* Directions
Output exactly the lines that come between the start of the material and the line containing "Key MAP View", both ends included, with the pictures omitted.

* Supplied records
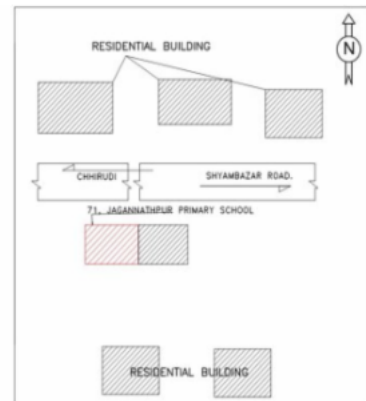

নির্বাচক নিবন্ধন আধিকারিকের স্বাক্ষর

Nazri Naksha

Google Map View

Polling Station Building Front View

Polling Station Front View

Cad View

Key MAP View

1 নাম : প্রতিমা কোনার স্বামীর নাম: বিদ্যুত কোনার বাড়ির নং : এন0054 বয়স : 24 লিঙ্গ : মহিলা	NVP2149193 ফটো উপলব্ধ	2 নাম : মামনী কোনার স্বামীর নাম: শ্যামা পদ কোনার বাড়ির নং : এন0055 বয়স : 29 লিঙ্গ : মহিলা	NVP2165538 ফটো উপলব্ধ	3 নাম : ময়না কোনার স্বামীর নাম: মেঘনাথ কোনার বাড়ির নং : এন0054 বয়স : 25 লিঙ্গ : মহিলা	NVP2165405 ফটো উপলব্ধ
4 নাম : মালা কোনার স্বামীর নাম: বিদ্যুত কোনার বাড়ির নং : এন0055 বয়স : 24 লিঙ্গ : মহিলা	NVP2165371 ফটো উপলব্ধ	5 নাম : মনিকা কোনার স্বামীর নাম: বিশ্বনাথ কোনার বাড়ির নং : এন0055 বয়স : 33 লিঙ্গ : মহিলা	NVP2165595 ফটো উপলব্ধ	6 নাম : কৃষ্ণ কোনার পিতার নাম: গোরচাঁদ কোনার বাড়ির নং : N0165 বয়স : 26 লিঙ্গ : পুরুষ	NVP2055663 ফটো উপলব্ধ
7 নাম : পার্থ ঘোষ পিতার নাম: আদিত্য ঘোষ বাড়ির নং : n0229 বয়স : 26 লিঙ্গ : পুরুষ	NVP1927383 ফটো উপলব্ধ	8 নাম : তরুন ঘোষ পিতার নাম: অমর ঘোষ বাড়ির নং : N000 বয়স : 25 লিঙ্গ : পুরুষ	NVP1964865 ফটো উপলব্ধ	9 নাম : সুস্মিতা ঘোষ স্বামীর নাম: বিধান ঘোষ বাড়ির নং : এন0208 বয়স : 24 লিঙ্গ : মহিলা	NVP2340255 ফটো উপলব্ধ
10 নাম : পার্থ সারথী ঘোষ পিতার নাম: দীনবন্ধু ঘোষ বাড়ির নং : এন0159 বয়স : 25 লিঙ্গ : পুরুষ	NVP2340271 ফটো উপলব্ধ	11 নাম : সমতা ঘোষ স্বামীর নাম: কার্তিক চন্দ্র ঘোষ বাড়ির নং : এন000 বয়স : 28 লিঙ্গ : মহিলা	NVP1964808 ফটো উপলব্ধ	12 নাম : দীপু ঘোষ স্বামীর নাম: কৃষ্ণ পদ ঘোষ বাড়ির নং : এন0148 বয়স : 28 লিঙ্গ : মহিলা	NVP2165710 ফটো উপলব্ধ
13 নাম : সোমা চক্রবর্তী স্বামীর নাম: সোমাই চক্রবর্তী বাড়ির নং : এন0035 বয়স : 24 লিঙ্গ : মহিলা	NVP2165439 ফটো উপলব্ধ	14 নাম : বর্ণা চক্রবর্তী স্বামীর নাম: শিবদাস চক্রবর্তী বাড়ির নং : এন0046 বয়স : 24 লিঙ্গ : মহিলা	NVP2165397 ফটো উপলব্ধ	15 নাম : শিপ্রা চক্রবর্তী স্বামীর নাম: কৌশিক চক্রবর্তী বাড়ির নং : এন0077 বয়স : 23 লিঙ্গ : মহিলা	NVP2165454 ফটো উপলব্ধ
16 নাম : কৃষ্ণা দাস স্বামীর নাম: মাধব দাস বাড়ির নং : এন0059 বয়স : 23 লিঙ্গ : মহিলা	NVP2165496 ফটো উপলব্ধ	17 নাম : পিউ দাস স্বামীর নাম: রাহুল দাস বাড়ির নং : এন0083 বয়স : 25 লিঙ্গ : মহিলা	NVP2165652 ফটো উপলব্ধ	18 নাম : অঞ্জনা দে স্বামীর নাম: সঞ্জয় দে বাড়ির নং : n0024 বয়স : 30 লিঙ্গ : মহিলা	NVP1585884 ফটো উপলব্ধ
19 নাম : সান্ত্ব দেবঘুরিয়া পিতার নাম: অশ্বিনী দেবঘুরিয়া বাড়ির নং : N0069 বয়স : 25 লিঙ্গ : মহিলা	NVP1964907 ফটো উপলব্ধ	20 নাম : অনিমা দেশমুখ স্বামীর নাম: মথুর দেশমুখ বাড়ির নং : এন0090 বয়স : 28 লিঙ্গ : মহিলা	NVP2165546 ফটো উপলব্ধ	21 নাম : মামনি ধবলদেব স্বামীর নাম: স্বরূপানন্দ ধবলদেব বাড়ির নং : এন0131 বয়স : 28 লিঙ্গ : মহিলা	NVP2165470 ফটো উপলব্ধ
22 নাম : পিয়ালী ধবলদেব পিতার নাম: বরুণ কুমার ধবলদেব বাড়ির নং : এন0141 বয়স : 24 লিঙ্গ : মহিলা	NVP2165678 ফটো উপলব্ধ	# 23 নাম : রাখী শেখরবাবু স্বামীর নাম: সৌমেন ধবলদেব বাড়ির নং : এন0136 বয়স : 26 লিঙ্গ : মহিলা	NVP2165413 ফটো উপলব্ধ	24 নাম : সুশান্ত পরমাণিক মায়ের নাম: রীতা পরমাণিক বাড়ির নং : এন0098 বয়স : 25 লিঙ্গ : পুরুষ	NVP2165322 ফটো উপলব্ধ
25 নাম : লাবণ্য পরমাণিক স্বামীর নাম: মিহির পরমাণিক বাড়ির নং : এন0103 বয়স : 28 লিঙ্গ : মহিলা	NVP2165561 ফটো উপলব্ধ	26 নাম : মালা বাউরী পিতার নাম: ভক্ত বাউরী বাড়ির নং : N0179 বয়স : 24 লিঙ্গ : মহিলা	NVP2055713 ফটো উপলব্ধ	27 নাম : পরেশ সর্দার পিতার নাম: রতনপুর শ্যাম বাজার বাড়ির নং : এন0022 বয়স : 25 লিঙ্গ : পুরুষ	NVP2165686 ফটো উপলব্ধ
28 নাম : সুতপা সর্দার স্বামীর নাম: রামপদ সর্দার বাড়ির নং : n0022 বয়স : 36 লিঙ্গ : মহিলা	NVP0298893 ফটো উপলব্ধ	29 নাম : রমাপদ সর্দার পিতার নাম: ধরনী সর্দার বাড়ির নং : n0022 বয়স : 44 লিঙ্গ : পুরুষ	HWW1234483 ফটো উপলব্ধ	30 নাম : কলেজী সর্দার স্বামীর নাম: গগন সর্দার বাড়ির নং : n0022 বয়স : 39 লিঙ্গ : মহিলা	HWW2456838 ফটো উপলব্ধ
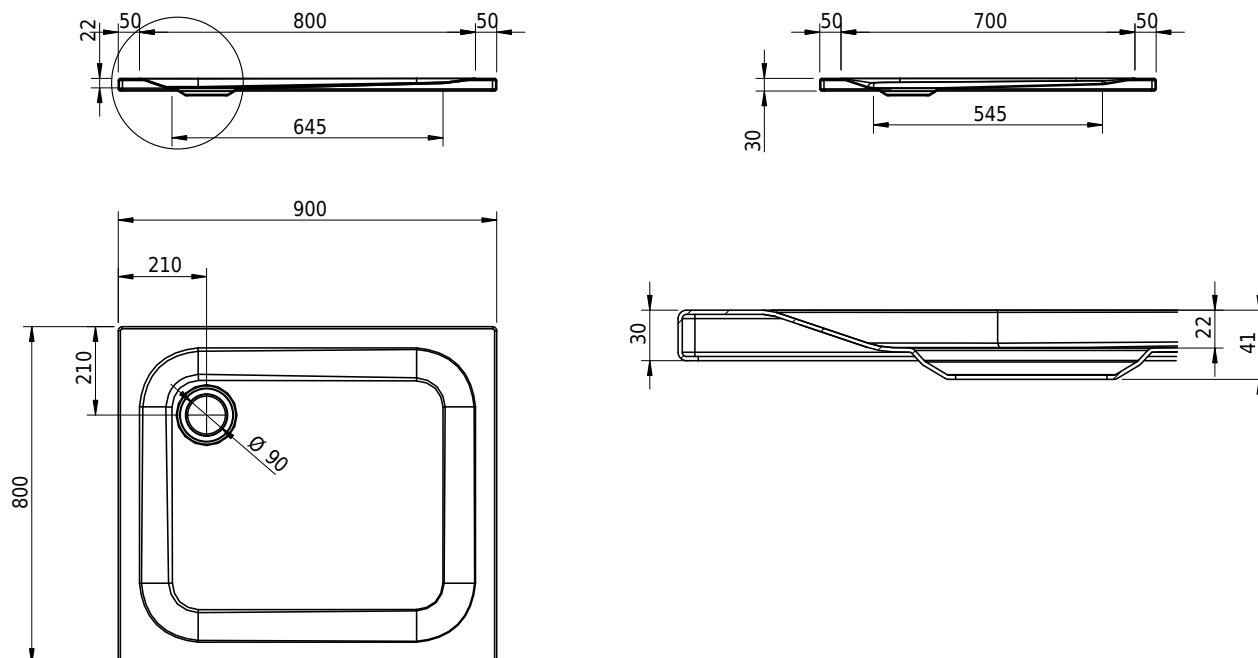

Massskizze

Schmidlin Duschwannen SWISS LINE

90 x 80 x 2.5 cm

Artikel-Nr.: 2575-0001

Optionen

- ANTIGLISS PRO
- GLASUR PLUS [OV01]
- AQUAGRIP
- Schmidlin GreenSteel

Zubehör

•
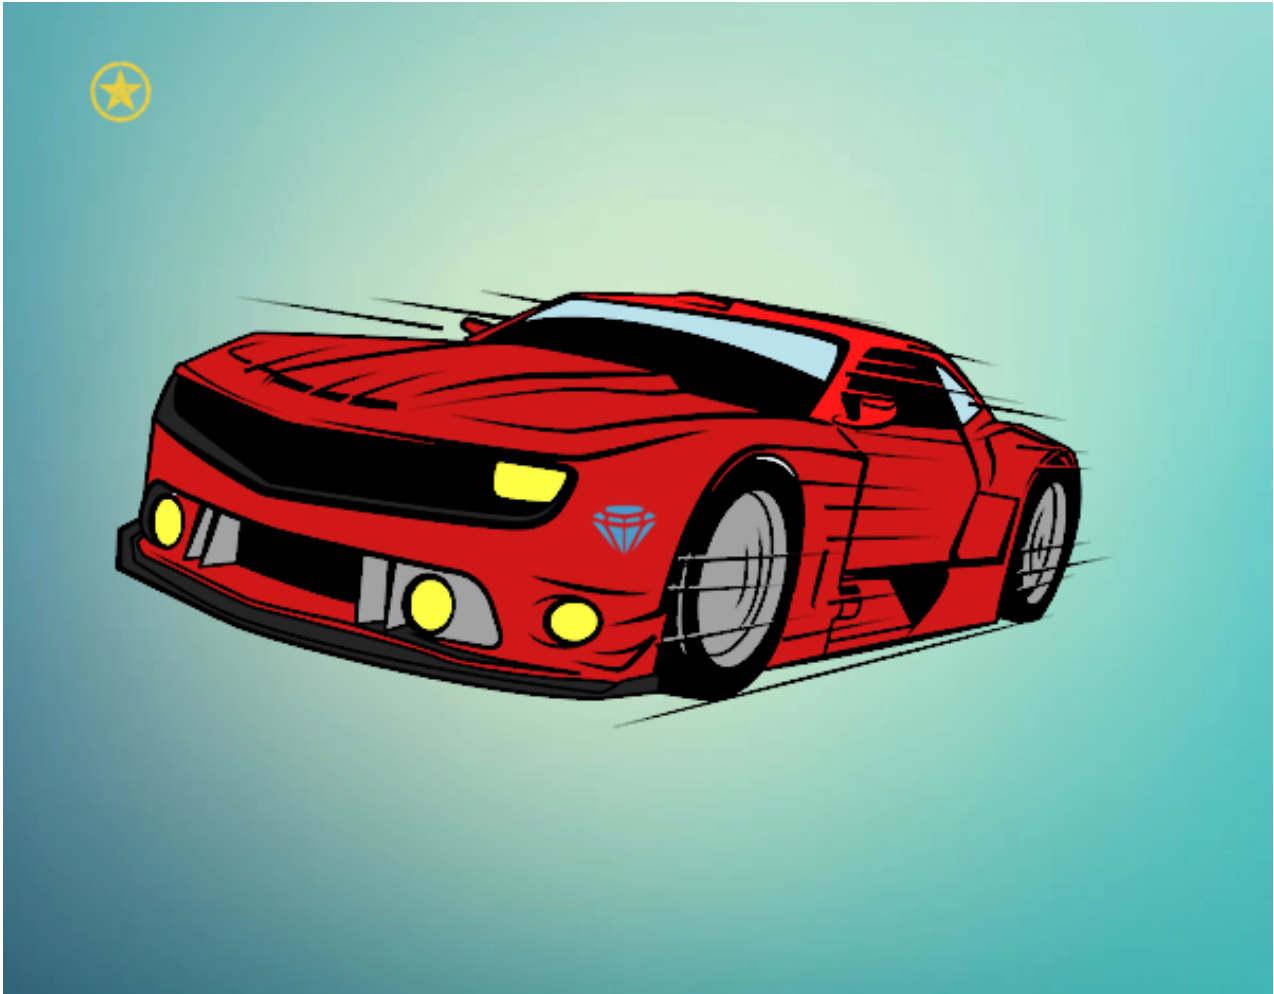

# Dibujos.net

Coche deportivo rápido pintado por sharith
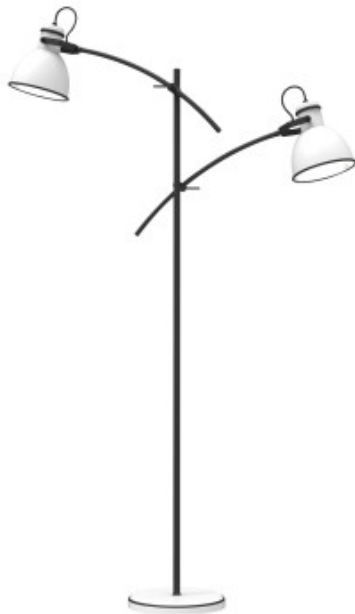

Link do produktu: <https://kaldekor.pl/zumba-lampa-podlogowa-sztyca-prosta-2x40w-e27-bialyczarny-p-16643.html>

Zumba Lampa Podłogowa Sztyca Prosta 2X40W E27 Biały+Czarny Candellux

Cena brutto	489,00 zł
Dostępność	Aktualnie niedostępny
Standardowy czas wysyłki	48 godzin
Numer katalogowy	5906714872672
Kod producenta	52-72672
Kod EAN	5906714872672

Opis produktu

ZUMBA LAMPA PODŁOGOWA SZTYCA PROSTA 2X40W E27 BIAŁY+CZARNY Candellux

Black & white w nowoczesnym wydaniu. Współczesna wersja nawiązująca do istniejących już uniwersalnych stylów designerskich. Świetnie wpisze się w każde otoczenie, dopełniając modne wnętrza salonu, kuchni, czy też pokoju młodzieżowego. Przedstawiciel rodziny składająca się z lamp wiszących, kinkietów oraz lampy biurkowej i podłogowej, w dwóch wersjach: prostej oraz ze skośnym ramieniem.

- **Głębokość:** 22
- **Szerokość:** 64
- **Wysokość:** 157
- **Waga:** 3,72 kg
- **Ilość źródeł światła:** 2
- **Rodzaj gniazda:** 2xE27
- **Kolor:** biało czarny
- **Led zintegrowany:** nie
- **Materiał:** podstawa stalowa, klosz metalowy
- **Zawiera źródło światła:** nie
- **Wymiary opakowania:** 14x25x54

* Exercise answer
নির্বাচক নিবন্ধন আধিকারিকের স্বাক্ষর

Nazri Naksha

Google Map View

Polling Station Building Front View

Polling Station Front View

Cad View

Key MAP View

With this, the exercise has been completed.